The Czech Republic’s current account stood 27 billion crowns (1.67 billion USD) in deficit at the end of June, the Czech National Bank announced on Tuesday. At the end of May, the current account deficit stood at 11.7 billion crowns. Both trade and services posted a surplus in June, but the deficit in income was a massive 53.4 billion crowns.
Also on Tuesday, the national bank said that it expects less than a fifth of the Czech Republic’s 50 heller pieces to be returned by August 31, when the coin is withdrawn from circulation. There are currently 427 million of the coins in use in the Czech Republic. The coin is being withdrawn because of a fall in its value – it is now worth around 3 US cents. The 20 crown banknote is also being withdrawn at the end of August this year.
Architect Jan Kaplický’s design for a new Czech National Library building may never be built on Prague’s Letná plain, but on Tuesday, the architect unveiled plans for a new concert hall in České Budějovice. The Antonín Dvořák Concert Hall is set to be one of the finest in the country, with acoustics similar to those of the Berliner Philharmonie, project managers said. Funds for the project are yet to be fully raised, but it is thought that construction could get underway by 2010. London-based Czech architect Jan Kaplický is currently most famous in the Czech Republic for his designs for a new National Library building, which have divided politicians, and which have been shelved amid controversy for the indefinite future.

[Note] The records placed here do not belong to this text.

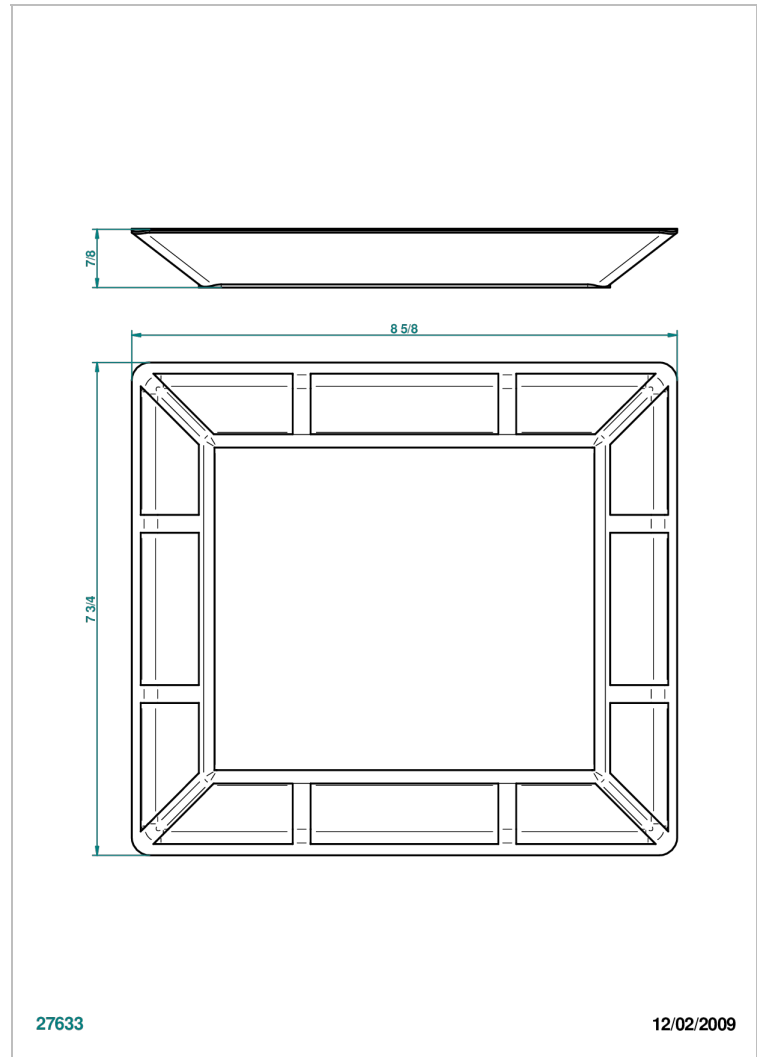

# ITHAQUE PLATINUM DECOR

A7B-4614

Porcelain tray, large size, 220x198 mm

THG<sup>®</sup>  
PARIS

27633

12/02/2009

## CHARACTERISTIC

- Ithaque Platinum decor
- Porcelain tray, large size, 220x198 mm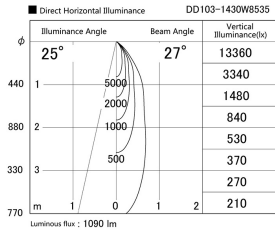

Item no. DD103-1430W8535

Series Name: Versa R-G (DD103)

DISCONTINUED

Installation	Recessed Mount
Type	
Fixture wattage	13.4W
Beam angle	27 deg
Color Temp.	3500K
CRI	Ra>85
Luminous	1088 lm
Body	Die-cast aluminum alloy
Body finish	N/A
Trim finish	White
Reflector finish	N/A
IP Rate	IP20
Light source	COB module
Input Voltage	AC220~240V
Dimming Type	Non-Dimmable
Certificate	CE, CCC
Cut Hole	100mm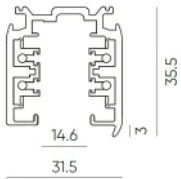

LED line PRIME

Code: 210547

EAN: 5905378210547

3 phase rail LUMICANTO 1m white PRIME

Technical drawing

Light distribution

Additional product photos

Logistics data

Single packaging

Width	1000 mm
Height	35,5 mm
Length	31,5 mm
Weight	0,86 kg

Bulk packaging

Quantity	10
Width	180 mm
Height	80 mm
Length	1030 mm
Volume	0,014 m3
Weight	9 kg

Europallet

Height	
Quantity in layer	
Number of layers	
Bulk quantity	
Weight

Veteran Czech pentathlete Libor Capalini, a bronze medalist in the modern pentathlon at the 2004 Athens Games, has pulled out of the Beijing Olympics because of an Achilles tendon injury, his coach Jakub Kučera said on Tuesday. The thirty-five year old will be replaced in the event by Michal Michalík, who finished sixth in Athens. The pentathlon consists of shooting, fencing, swimming, showjumping and running. This year’s Olympic title is expected to be a battle between Russia’s Ilya Frolov, Czech David Svoboda and Igor Lapo of Belarus.
The Czech Constitutional Court will reopen the case against Ludmila Brožová-Polednová, a former prosecutor who took part in the 1950s communist show trial of Milada Horáková. The court has dismissed a complaint by Mrs Brožová-Polednová, now aged 86, against the continuation of her trial. The High Court in Prague in February halted the prosecution, but the Supreme Court has cancelled the verdict and ordered new proceedings, which are scheduled to start in September. Milada Horáková, a lawyer and politician, is the only woman to have been executed during Czechoslovakia's 1950s show trials.